- Map of Grafton County in northwestern New Hampshire with NH 175 highlighted in red

Route information
- Maintained by NHDOT
- Length: 25.261 mi (40.654 km)

Major junctions
- South end: US 3 / NH 25 in Holderness
- North end: US 3 in Woodstock

Location
- Country: United States
- State: New Hampshire
- Counties: Grafton

Highway system
- New Hampshire Highway System; Interstate; US; State; Turnpikes;
| ← NH 171 |  | → I-193 |

= New Hampshire Route 175 =

State highway in Grafton County, New Hampshire, US

New Hampshire Route 175 (NH 175) is a state highway in the U.S. state of New Hampshire. The highway runs north 25.261 mi from an intersection in Holderness with U.S. Route 3 and New Hampshire Route 25 to an intersection with US 3 in Woodstock.

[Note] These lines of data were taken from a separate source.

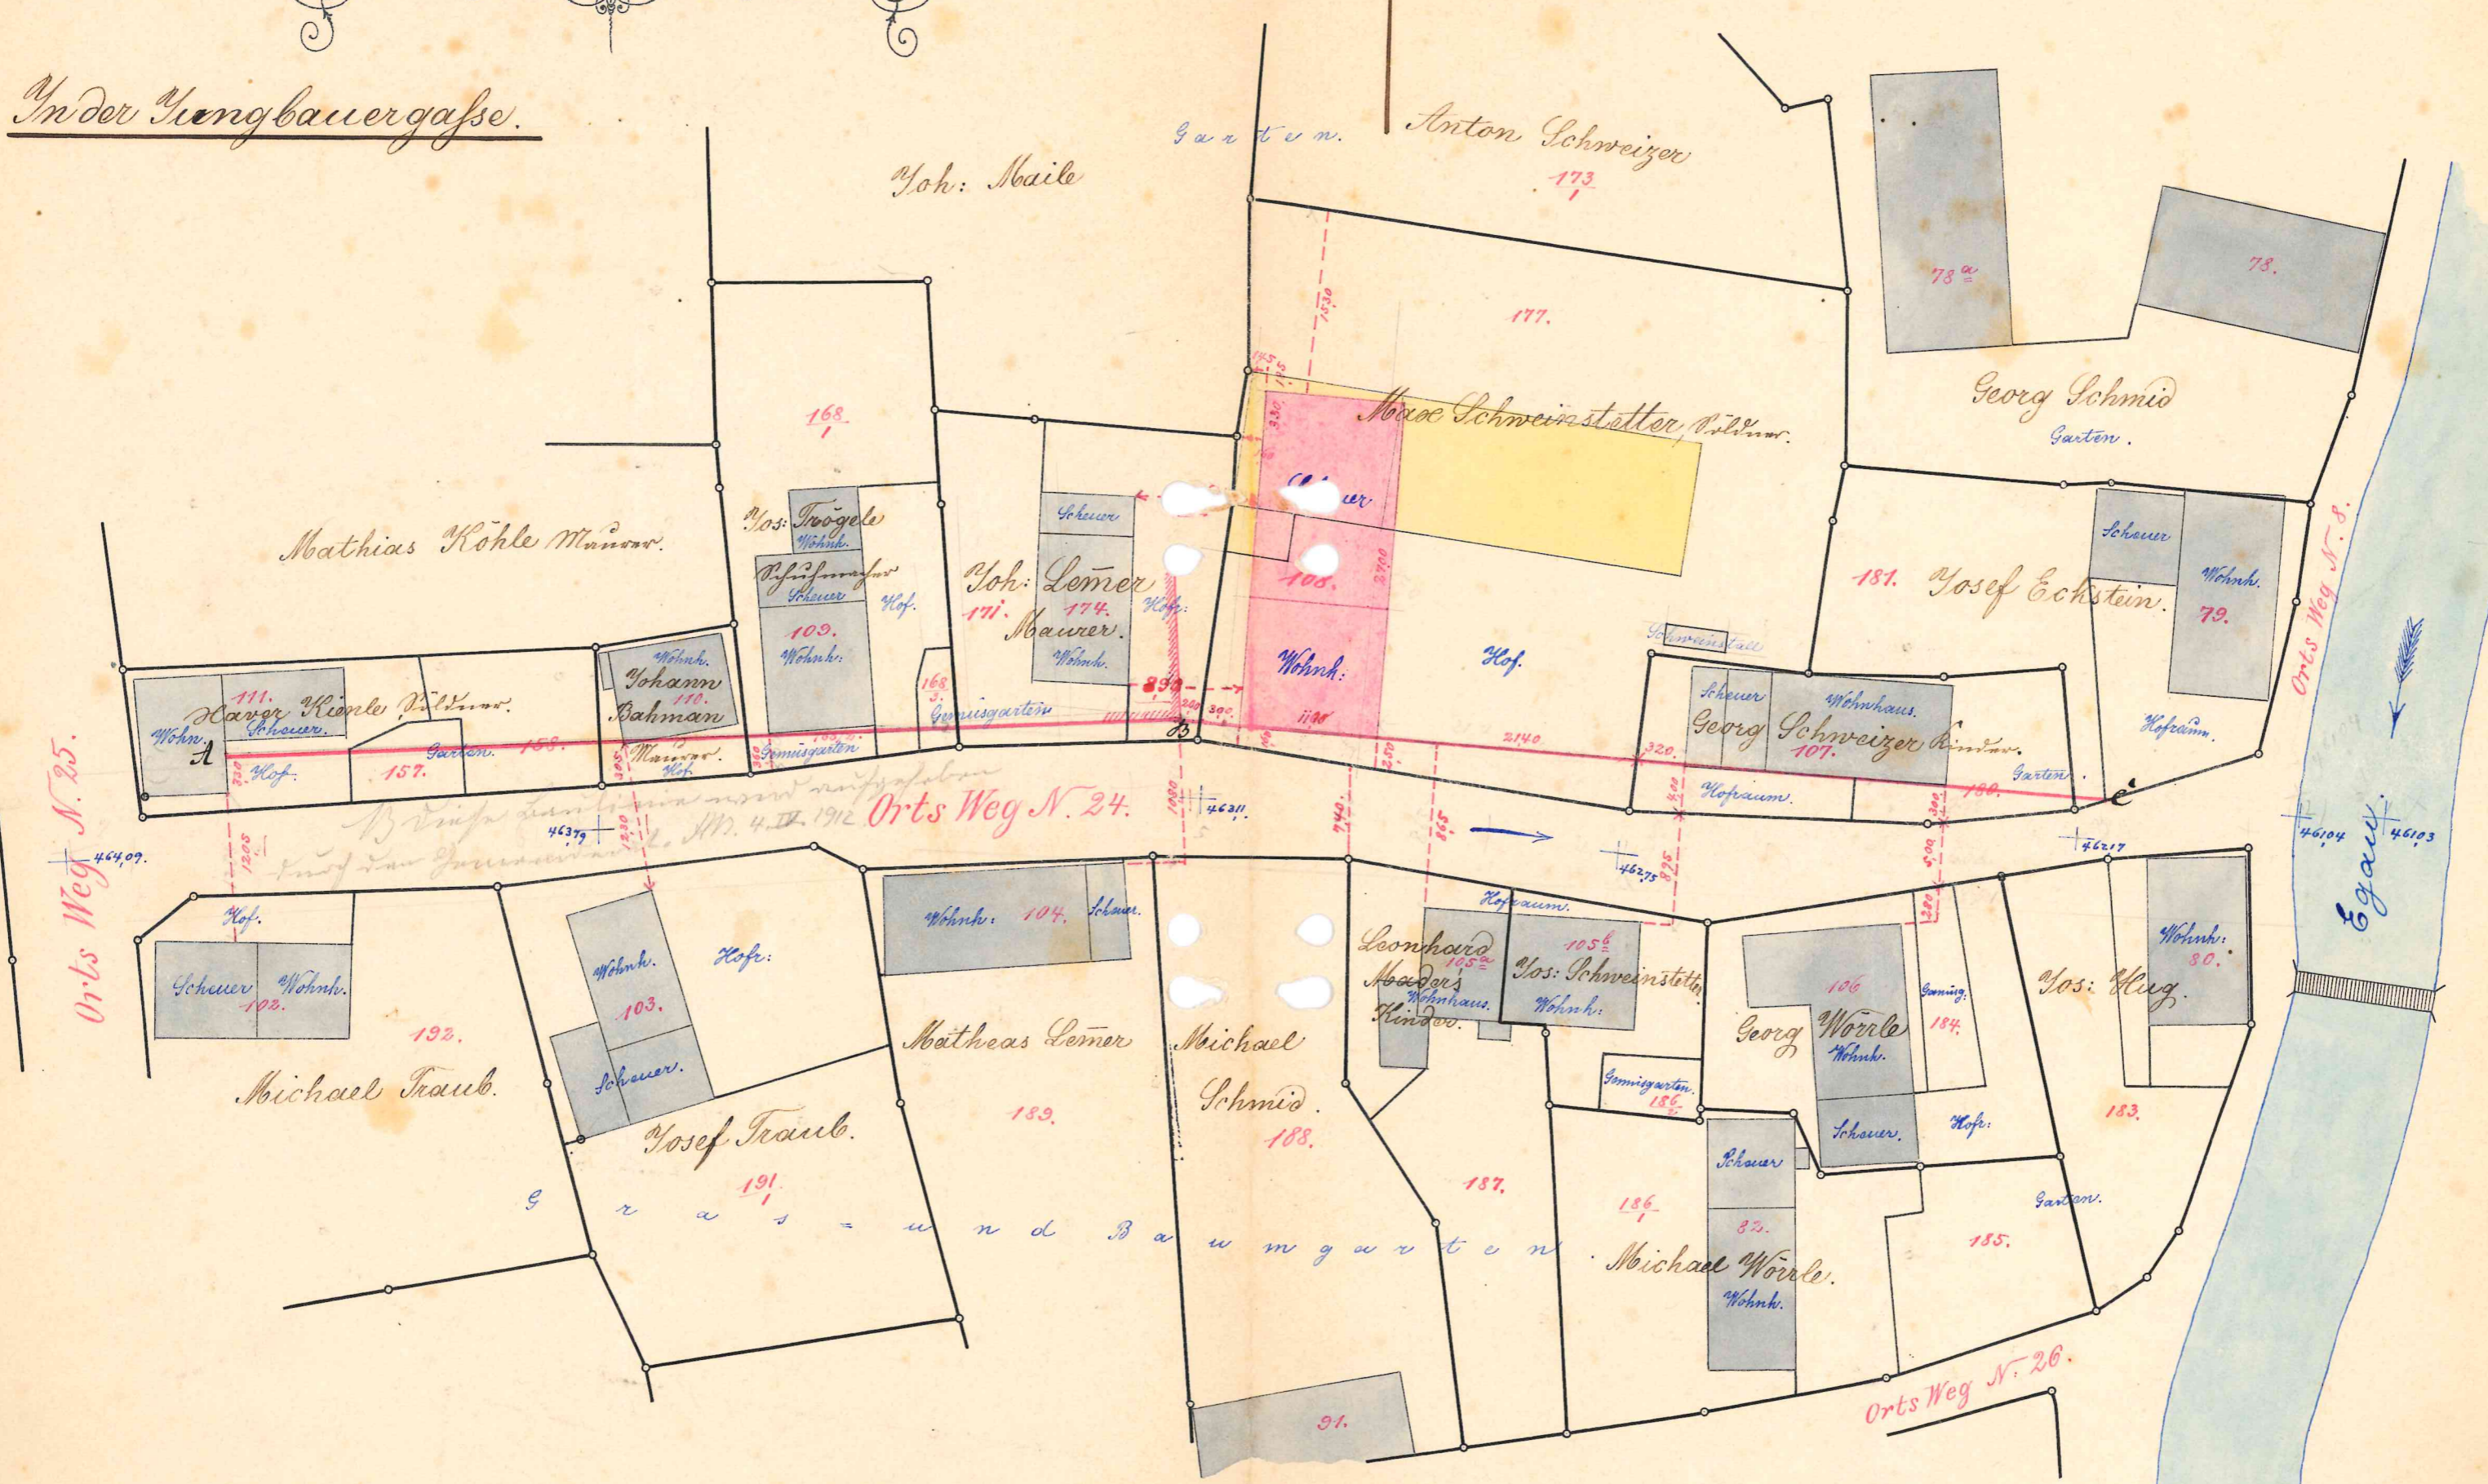

Situationsplan.

Unter Mangbaurgasse.

Verkauft
 Kauf 26. Aug. 1890
 Mayer & Co.

Gefertigt Dischingen, den 6. August

96238,00

38.

125.157.208
 42.245.394
 20.4.30
 42.443.444
 447.448.449
 55.457.458

73

72

Dischingen

hinter den Gärten

Baumwulf

unteres Ried

Kreuzberg

NH 175 is a minor highway that parallels US 3 and Interstate 93 through the valley of the Pemigewasset River. NH 175 has a secondary spur road, NH 175A, which connects it to downtown Plymouth.

==Route description==
NH 175 begins at an intersection with US 3 and NH 25 (Daniel Webster Highway) at Little Squam Lake in the town of Holderness. The state highway heads north and then west through a hilly area where it briefly passes through the town of Ashland before returning to Holderness. NH 175 enters the valley of the Pemigewasset River and passes by the historic Trinity Church and near the Holderness School and the Chapel of the Holy Cross. North of the school and churches, the highway meets the eastern end of its spur into Plymouth and Plymouth State University, NH 175A. NH 175 continues north parallel to the river and I-93 and US 3, which follow the opposite, right bank of the river, into the town of Campton. The highway crosses the Beebe River and parallels the Mad River to its bridge over the river immediately to the south of the highway's junction with NH 49. NH 175 passes through the town of Thornton and its name becomes Eastside Road on entering the town of Woodstock. The highway passes under I-93, has two crossings of the Pemigewasset River, and intersects Tripoli Road, which has a diamond interchange with I-93 immediately to the east. NH 175 has an oblique grade crossing of the Hobo Railroad before crossing the river a third time on a truss bridge and reaching its northern terminus at US 3 (Daniel Webster Highway) just south of the community of North Woodstock.

==Major intersections==

| Location | mi | km | Destinations | Notes |
| Holderness | 0.000 | 0.000 | US 3 / NH 25 (Daniel Webster Highway) – Ashland, Meredith | Southern terminus |
| 4.713 | 7.585 | NH 175A to I-93 – Plymouth | Exit 25 on I-93 |
| Campton | 12.765 | 20.543 | NH 49 – Waterville Valley |  |
| Woodstock | 22.689 | 36.514 | Tripoli Road to I-93 | Exit 31 on I-93 |
| 25.261 | 40.654 | US 3 (Daniel Webster Highway) – Littleton, Plymouth | Northern terminus |
1.000 mi = 1.609 km; 1.000 km = 0.621 mi

==Suffixed route==

New Hampshire Route 175A (NH 175A) is a 0.806 mi spur route of NH 175 in the towns of Plymouth and Holderness. The highway begins as the east leg of a roundabout in downtown Plymouth, which is dominated by the campus of Plymouth State University. The north and south legs of the roundabout consist of Main Street, which carries US 3 and NH 25; the west leg is town-maintained High Street. NH 175A has a grade crossing of a railroad and crosses over the Pemigewasset River into Holderness. The highway passes through the athletic complex of the university before reaching its four-ramp partial cloverleaf interchange with I-93. East of I-93, NH 175A has its eastern terminus at NH 175.